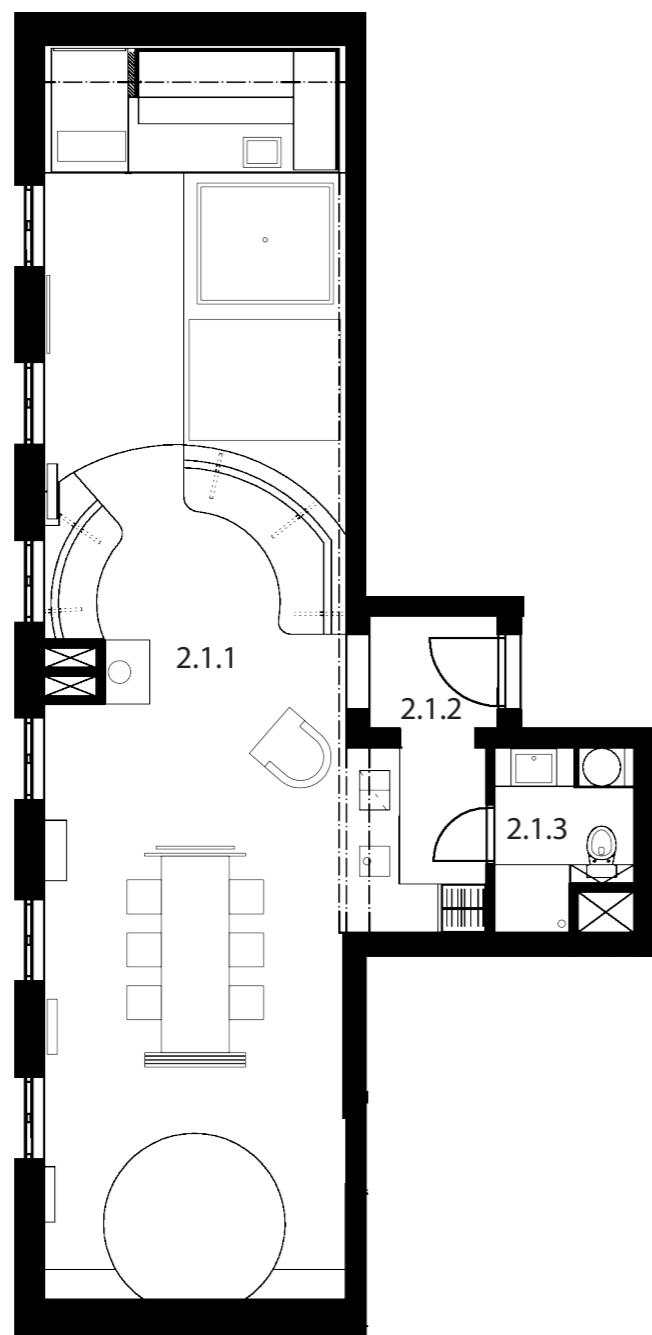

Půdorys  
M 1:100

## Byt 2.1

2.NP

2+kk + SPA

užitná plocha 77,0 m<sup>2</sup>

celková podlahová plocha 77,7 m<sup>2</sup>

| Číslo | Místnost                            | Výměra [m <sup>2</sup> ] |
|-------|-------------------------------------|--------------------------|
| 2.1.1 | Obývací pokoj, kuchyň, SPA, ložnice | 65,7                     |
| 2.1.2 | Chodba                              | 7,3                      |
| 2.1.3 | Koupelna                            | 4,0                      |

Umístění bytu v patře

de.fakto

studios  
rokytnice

------------------------

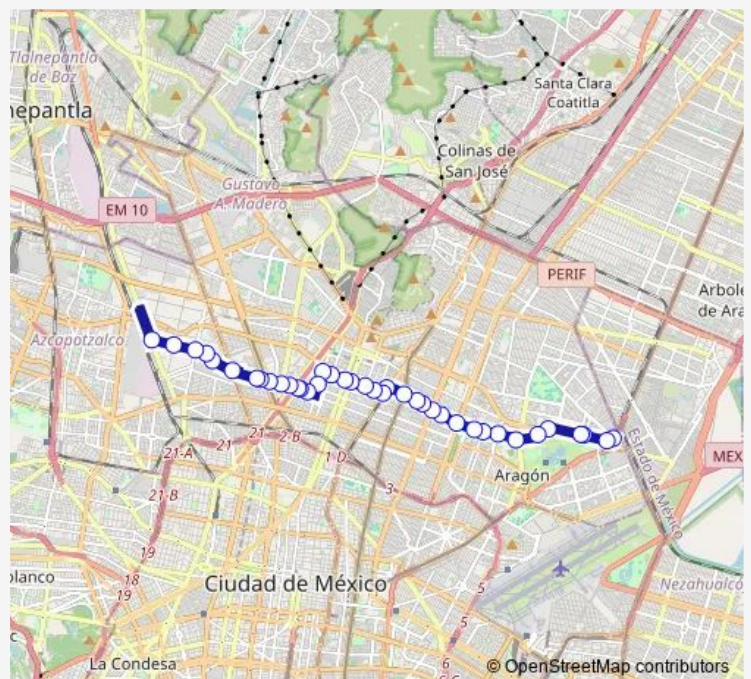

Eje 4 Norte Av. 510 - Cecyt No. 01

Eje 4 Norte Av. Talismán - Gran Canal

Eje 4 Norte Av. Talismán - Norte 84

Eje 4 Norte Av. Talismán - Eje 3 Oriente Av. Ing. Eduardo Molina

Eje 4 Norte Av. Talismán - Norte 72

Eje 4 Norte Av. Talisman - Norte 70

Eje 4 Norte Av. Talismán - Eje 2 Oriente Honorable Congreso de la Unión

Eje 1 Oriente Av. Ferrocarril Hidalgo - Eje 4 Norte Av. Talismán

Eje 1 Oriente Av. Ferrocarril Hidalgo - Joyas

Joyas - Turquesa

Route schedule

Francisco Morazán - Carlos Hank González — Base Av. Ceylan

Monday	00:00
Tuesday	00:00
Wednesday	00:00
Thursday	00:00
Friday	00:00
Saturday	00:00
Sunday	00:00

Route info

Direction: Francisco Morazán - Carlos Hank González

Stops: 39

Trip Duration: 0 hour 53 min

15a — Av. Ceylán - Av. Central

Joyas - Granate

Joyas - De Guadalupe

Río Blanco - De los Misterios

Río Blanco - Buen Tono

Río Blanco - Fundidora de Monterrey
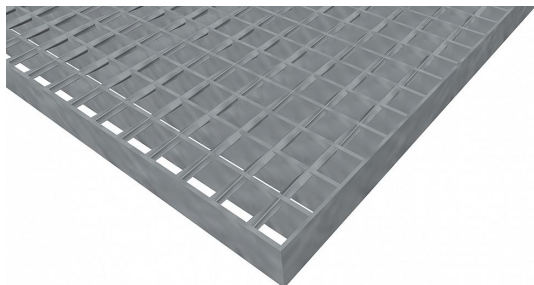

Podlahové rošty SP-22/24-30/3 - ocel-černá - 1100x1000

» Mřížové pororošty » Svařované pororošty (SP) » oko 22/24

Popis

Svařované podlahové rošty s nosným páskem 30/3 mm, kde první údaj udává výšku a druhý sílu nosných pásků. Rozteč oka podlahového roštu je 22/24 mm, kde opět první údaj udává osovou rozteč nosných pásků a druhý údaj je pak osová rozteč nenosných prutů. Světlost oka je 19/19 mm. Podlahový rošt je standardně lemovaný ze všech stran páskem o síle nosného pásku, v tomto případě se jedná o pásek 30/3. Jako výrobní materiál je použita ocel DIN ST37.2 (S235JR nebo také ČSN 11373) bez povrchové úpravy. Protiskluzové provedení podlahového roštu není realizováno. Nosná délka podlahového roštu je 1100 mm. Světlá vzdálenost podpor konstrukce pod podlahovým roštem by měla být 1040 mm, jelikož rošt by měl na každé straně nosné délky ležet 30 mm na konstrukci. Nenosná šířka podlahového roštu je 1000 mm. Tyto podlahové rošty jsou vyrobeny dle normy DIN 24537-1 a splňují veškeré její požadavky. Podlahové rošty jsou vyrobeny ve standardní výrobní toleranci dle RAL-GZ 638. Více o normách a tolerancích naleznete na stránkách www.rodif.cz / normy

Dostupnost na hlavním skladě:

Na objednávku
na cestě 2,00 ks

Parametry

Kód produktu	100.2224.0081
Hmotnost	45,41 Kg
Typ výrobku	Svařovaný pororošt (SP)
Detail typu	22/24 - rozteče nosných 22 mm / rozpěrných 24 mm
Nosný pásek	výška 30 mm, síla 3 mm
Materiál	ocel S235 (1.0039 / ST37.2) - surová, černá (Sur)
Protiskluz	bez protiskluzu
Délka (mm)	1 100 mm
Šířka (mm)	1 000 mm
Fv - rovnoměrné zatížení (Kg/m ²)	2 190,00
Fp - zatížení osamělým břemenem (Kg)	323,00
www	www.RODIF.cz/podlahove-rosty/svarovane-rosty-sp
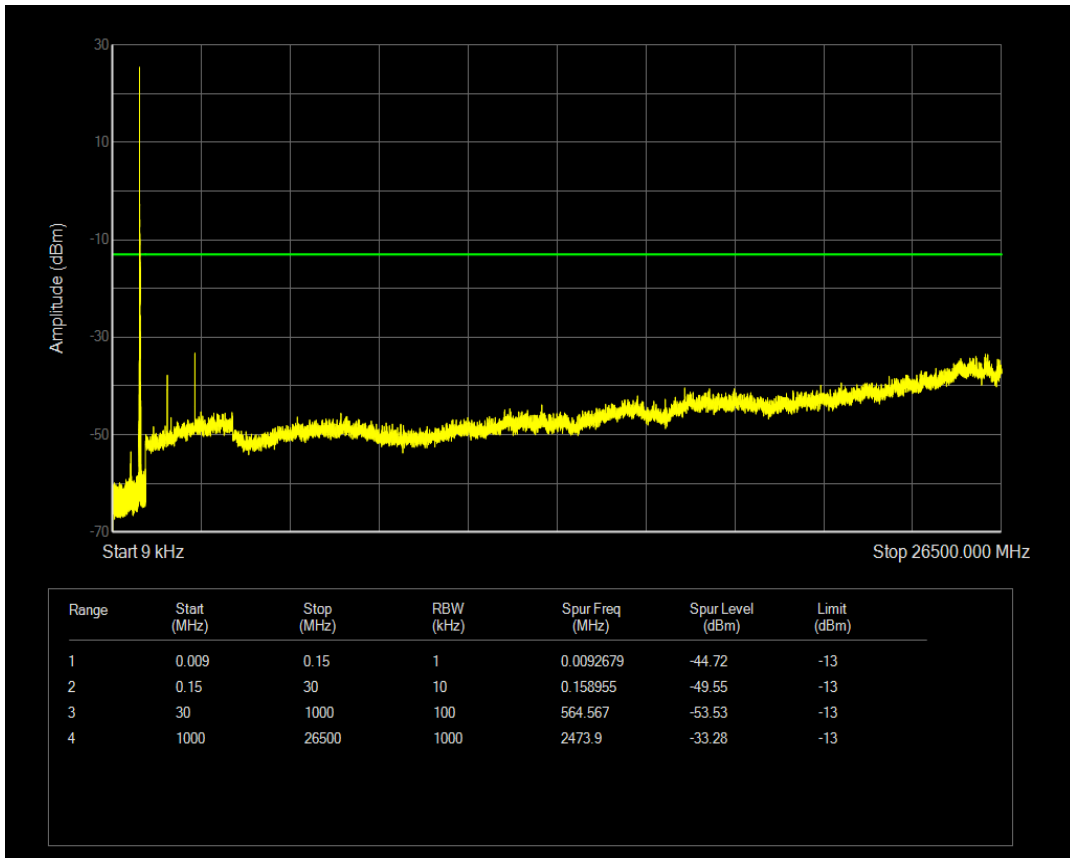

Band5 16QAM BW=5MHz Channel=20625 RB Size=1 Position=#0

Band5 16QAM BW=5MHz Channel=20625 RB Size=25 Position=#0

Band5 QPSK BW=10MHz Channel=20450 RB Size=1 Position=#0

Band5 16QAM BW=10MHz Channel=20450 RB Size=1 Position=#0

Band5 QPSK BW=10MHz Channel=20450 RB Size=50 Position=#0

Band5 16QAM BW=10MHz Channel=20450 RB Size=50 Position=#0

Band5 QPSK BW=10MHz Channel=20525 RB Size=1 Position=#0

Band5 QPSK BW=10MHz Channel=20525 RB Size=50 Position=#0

------------------------

■ TASK ■
Reproduce the lines above beginning at the line that contains "na cestě 2,00 ks" and ending at the line that contains "Band5 QPSK BW=10MHz Channel=20525 RB Size=50". No pictures.

■ PROBLEM SOLUTION ■
na cestě 2,00 ks

Parametry

Kód produktu	100.2224.0081
Hmotnost	45,41 Kg
Typ výrobku	Svařovaný pororošt (SP)
Detail typu	22/24 - rozteče nosných 22 mm / rozpěrných 24 mm
Nosný pásek	výška 30 mm, síla 3 mm
Materiál	ocel S235 (1.0039 / ST37.2) - surová, černá (Sur)
Protiskluz	bez protiskluzu
Délka (mm)	1 100 mm
Šířka (mm)	1 000 mm
Fv - rovnoměrné zatížení (Kg/m ²)	2 190,00
Fp - zatížení osamělým břemenem (Kg)	323,00
www	www.RODIF.cz/podlahove-rosty/svarovane-rosty-sp

Band5 16QAM BW=5MHz Channel=20625 RB Size=1 Position=#0

Band5 16QAM BW=5MHz Channel=20625 RB Size=25 Position=#0

Band5 QPSK BW=10MHz Channel=20450 RB Size=1 Position=#0

Band5 16QAM BW=10MHz Channel=20450 RB Size=1 Position=#0

Band5 QPSK BW=10MHz Channel=20450 RB Size=50 Position=#0

Band5 16QAM BW=10MHz Channel=20450 RB Size=50 Position=#0

Band5 QPSK BW=10MHz Channel=20525 RB Size=1 Position=#0

Band5 QPSK BW=10MHz Channel=20525 RB Size=50 Position=#0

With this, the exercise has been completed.